How to find out where things are going on? Well, there’ll still be paper programs available at downtown locations and at the First Night information booth near the Broadway Center’s box office, but this year the First Night crew has beefed up the website and made it smartphone-friendly. Big visuals and easy navigation help festival-goers scan different acts, and on the night itself, the display will automatically pop up to the current line-up depending on the time.


Outside events at First Night are free, including the parade, the main stage, the fire events and the midnight closing finale. For inside access, a button gets you into all venues, including the Museum of Glass and the Children’s Museum. They also get you free skate rental at Polar Plaza ice rink on Pacific Avenue. Buttons are available on, as well as at various downtown locations (see information box).

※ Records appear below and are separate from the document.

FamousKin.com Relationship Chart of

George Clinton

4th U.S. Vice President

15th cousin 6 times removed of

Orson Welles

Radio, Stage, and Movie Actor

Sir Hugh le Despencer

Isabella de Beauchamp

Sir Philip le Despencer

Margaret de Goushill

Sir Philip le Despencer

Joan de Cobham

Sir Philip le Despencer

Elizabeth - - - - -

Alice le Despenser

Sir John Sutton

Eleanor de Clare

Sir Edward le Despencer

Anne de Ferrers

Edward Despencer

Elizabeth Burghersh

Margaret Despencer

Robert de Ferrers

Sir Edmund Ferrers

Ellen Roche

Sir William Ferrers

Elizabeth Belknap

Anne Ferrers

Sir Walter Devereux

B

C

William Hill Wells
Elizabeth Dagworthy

Parking is free at the Tacoma Dome Station garage, and the Link light rail runs until 1 a.m. into the downtown area. Many downtown restaurants and cafes will be open, including Varsity Grill, El Toro, Sundance Café, Ravenous Restaurant, Broadway Quickstop, Tully’s, Mad Hat Tea Party and AmeRAWcan Bistro.

First Night

What: First Night celebration of indoor and outdoor arts events

When: 10 a.m.-5 p.m. Dec. 31 at Museum of Glass (1801 Dock St., Tacoma) and Children’s Museum (1501 Pacific Ave., Tacoma); Fun Run 6:15 p.m.; opening parade 6:30 p.m., stage acts 7 p.m.-11:30 p.m., closing celebration 11:45 p.m.-midnight

Where: Various locations in downtown Tacoma including Pantages Theater (901 Broadway), Rialto Theater (310 S. Ninth St.) and other indoor and outdoor venues on Broadway between Seventh and 13th streets; opening parade goes down Broadway from Seventh to Ninth streets; main stage and closing celebrations on Broadway from South Ninth to South 11th streets.

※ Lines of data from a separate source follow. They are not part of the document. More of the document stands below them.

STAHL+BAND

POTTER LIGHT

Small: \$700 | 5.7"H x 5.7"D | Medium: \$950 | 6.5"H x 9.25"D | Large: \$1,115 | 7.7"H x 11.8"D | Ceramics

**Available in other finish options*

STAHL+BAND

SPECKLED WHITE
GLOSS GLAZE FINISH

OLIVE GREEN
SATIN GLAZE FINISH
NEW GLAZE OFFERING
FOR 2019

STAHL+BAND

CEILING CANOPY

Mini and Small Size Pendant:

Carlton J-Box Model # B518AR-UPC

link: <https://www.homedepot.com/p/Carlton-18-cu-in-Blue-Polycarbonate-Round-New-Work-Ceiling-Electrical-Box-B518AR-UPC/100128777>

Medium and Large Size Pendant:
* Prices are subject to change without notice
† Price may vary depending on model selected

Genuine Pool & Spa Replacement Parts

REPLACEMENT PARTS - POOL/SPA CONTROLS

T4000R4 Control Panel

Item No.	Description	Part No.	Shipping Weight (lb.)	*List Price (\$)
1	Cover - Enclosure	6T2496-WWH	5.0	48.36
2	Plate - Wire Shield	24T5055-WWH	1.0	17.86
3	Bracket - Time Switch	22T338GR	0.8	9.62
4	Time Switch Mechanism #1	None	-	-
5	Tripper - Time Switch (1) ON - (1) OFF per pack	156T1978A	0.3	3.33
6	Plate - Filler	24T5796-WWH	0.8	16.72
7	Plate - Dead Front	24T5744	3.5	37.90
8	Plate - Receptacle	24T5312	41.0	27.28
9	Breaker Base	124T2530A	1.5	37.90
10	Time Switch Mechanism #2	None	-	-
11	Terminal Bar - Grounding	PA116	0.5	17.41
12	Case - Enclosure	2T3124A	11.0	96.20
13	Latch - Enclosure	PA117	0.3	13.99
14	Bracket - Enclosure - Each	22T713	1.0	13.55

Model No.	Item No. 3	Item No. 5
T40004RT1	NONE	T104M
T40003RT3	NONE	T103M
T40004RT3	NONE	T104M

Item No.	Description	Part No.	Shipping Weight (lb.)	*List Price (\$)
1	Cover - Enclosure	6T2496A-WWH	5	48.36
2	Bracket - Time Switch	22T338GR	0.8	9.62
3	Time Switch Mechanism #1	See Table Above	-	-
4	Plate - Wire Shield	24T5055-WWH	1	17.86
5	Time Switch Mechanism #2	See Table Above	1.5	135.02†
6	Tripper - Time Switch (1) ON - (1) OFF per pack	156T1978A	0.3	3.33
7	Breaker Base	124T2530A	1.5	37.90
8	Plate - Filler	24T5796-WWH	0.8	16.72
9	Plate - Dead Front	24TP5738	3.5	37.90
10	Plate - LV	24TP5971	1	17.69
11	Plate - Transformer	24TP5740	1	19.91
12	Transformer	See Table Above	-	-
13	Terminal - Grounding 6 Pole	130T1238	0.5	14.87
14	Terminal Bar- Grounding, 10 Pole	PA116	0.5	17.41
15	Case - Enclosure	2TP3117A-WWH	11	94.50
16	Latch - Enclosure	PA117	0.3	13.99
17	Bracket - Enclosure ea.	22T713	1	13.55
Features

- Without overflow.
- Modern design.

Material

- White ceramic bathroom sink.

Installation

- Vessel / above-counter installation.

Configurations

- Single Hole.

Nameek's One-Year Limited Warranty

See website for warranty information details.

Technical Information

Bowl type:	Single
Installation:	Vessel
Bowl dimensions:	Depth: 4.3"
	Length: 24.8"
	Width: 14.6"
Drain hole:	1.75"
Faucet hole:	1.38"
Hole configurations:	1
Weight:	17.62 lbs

Admission: Limited-edition buttons allow access to event performances and museum entry, plus skate rental at Polar Plaza. $10 through Sunday, $14 on Monday, free for ages 10 and younger, available from BCPA box office, Columbia Bank branches, Tacoma Art Museum, Hotel Murano, King’s Books and other downtown locations and at Stickers will be available when buttons sellout.